But the point is your hierarchy would be imposed, created according to whatever subjective criteria you decide counts.

You’re going to have to look this up yourself, I don’t know any articles off the top of my head that specifically address this question.

Well the linked article shows that, and the point is they match with an incredibly high degree of significance. Generally speaking, phylogenetic trees derived from different gene-sequences do that.

It doesn’t have anything to do with “statistics assuming common descent”, but with actual statistics as it is used everywhere for anything and everything else. The article does a good job of explaining why you can have a significant match without having an exact match, but I’ll give it my own shot here.

I like to explain it using this analogy: Imagine you have a large number of ultra-sensitive thermometers that can measure the temperature in a room to an accuracy of six significant figures. As in it measures not just 21 degrees Celsius, but 21.0031 degrees Celsius. Now suppose you have thirty different thermometers of that type, and you put them all in the same room on a line, and you measure literally thirty different values between 21.0031 and 21.0078 degrees Celsius.

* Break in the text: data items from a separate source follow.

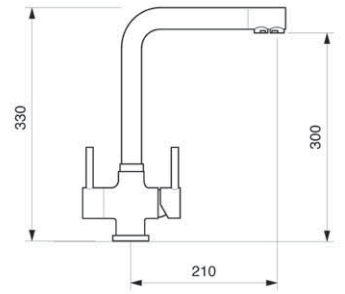

TRIA art. 4570

monocomando per lavello
con uscita separata
per acqua pura,
bocca girevole 360°
foratura del lavello $\varnothing$ 35 mm

one-lever sink mixer with
separate purified water outlet, higher
spout and 360°
revolving spout.

So now you have this problem that no two thermometers match exactly, they all disagree on the exact temperature on the room. But even so, the fact is they’re all extremely close to each other, which in a sense is to be expected since we can easily imagine that the temperature in the room isn’t actually so exactly uniform in all positions. So we can still say that the thermometers match each other to an extremely high degree, and for that reason we can be highly confident that the true temperature in the room lies somewhere in the measured range. It is highly likely that the true temperature in the room is somewhere in the range between 21.0031 and 21.0078 degrees Celcius.

In the field called statistics, there are principles that describe how significant some particular matchs is. Unsurprisingly called https://en.wikipedia.org/wiki/Statistical_significance.

This same principle applies with phylogenetic trees derived from different sets of data. Each phylogenetic tree thus is a kind of “measurement” of the relationships between the species(it gives us some information about what the true relationship is like, like how the thermometer also gives us some information about what the true temperature is like), given the “thermometers” used (which could be particular genes, or morphology). Even if we don’t get completely exact matches every time (though often times we do get that), the fact that we get highly similar trees even if not always exact matches, is still a very significant result. It is the result we expect given common descent, and we do not have any other good reasons for expecting the phylogenetic trees from different and independent data sets to give so similar(and often time exactly matching) results.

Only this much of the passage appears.